* WHAT THE TASK REQUIRES *
Among the records that follow, count the lines with the string "errors"; report only that count.

==== DATA FOR THIS EXERCISE ====

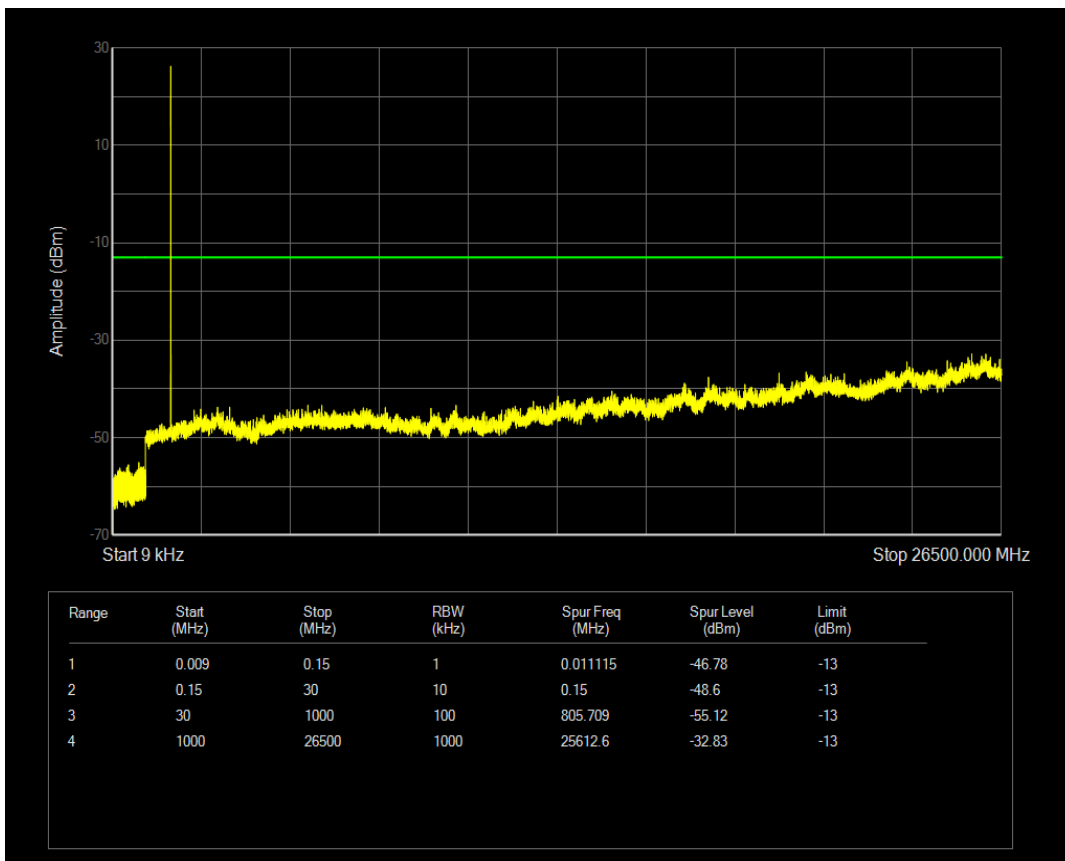

Band4 QPSK BW=1.4MHz Channel=20393 RB Size=6 Position=#0
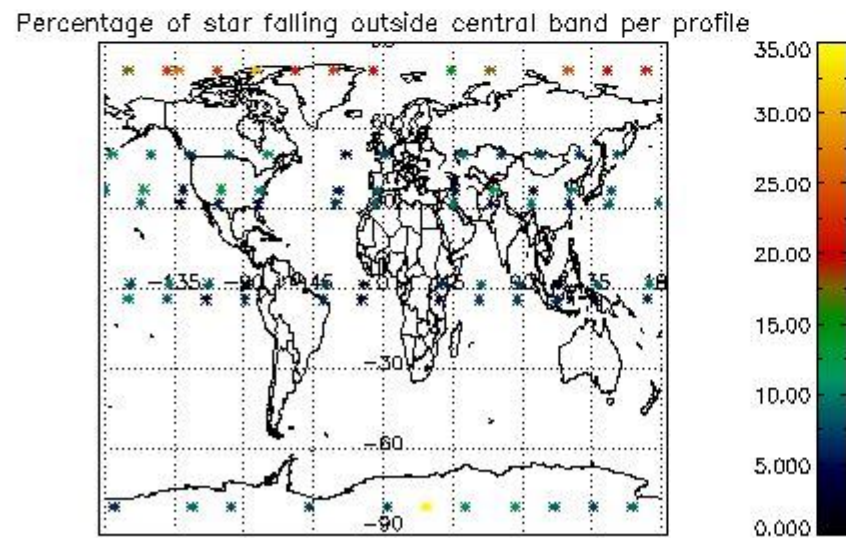

Percentage of datation errors per profile

Percentage of star falling outside central band per profile

Percentage of saturation errors per profile

4.2.2 Plot level 1 quality information per product (world map): ENVISAT DESCENDING passes
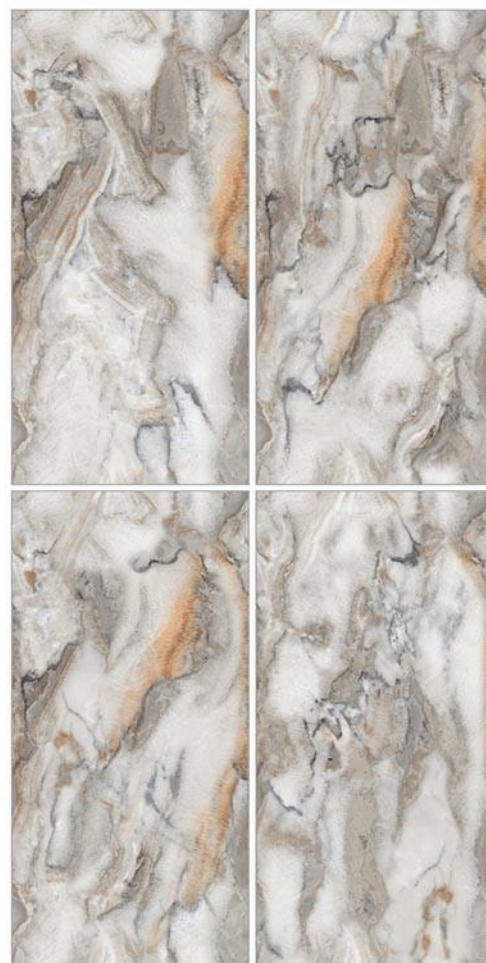

Ozark Gris

— PGVT | 600x1200mm | Glossy

Random - 3

Porino Beige

— PGVT | 600x1200mm | Glossy

Random - 4

Riazza Gold

— PGVT | 600x1200mm | Glossy

====

* RESULT OF THIS EXERCISE *
2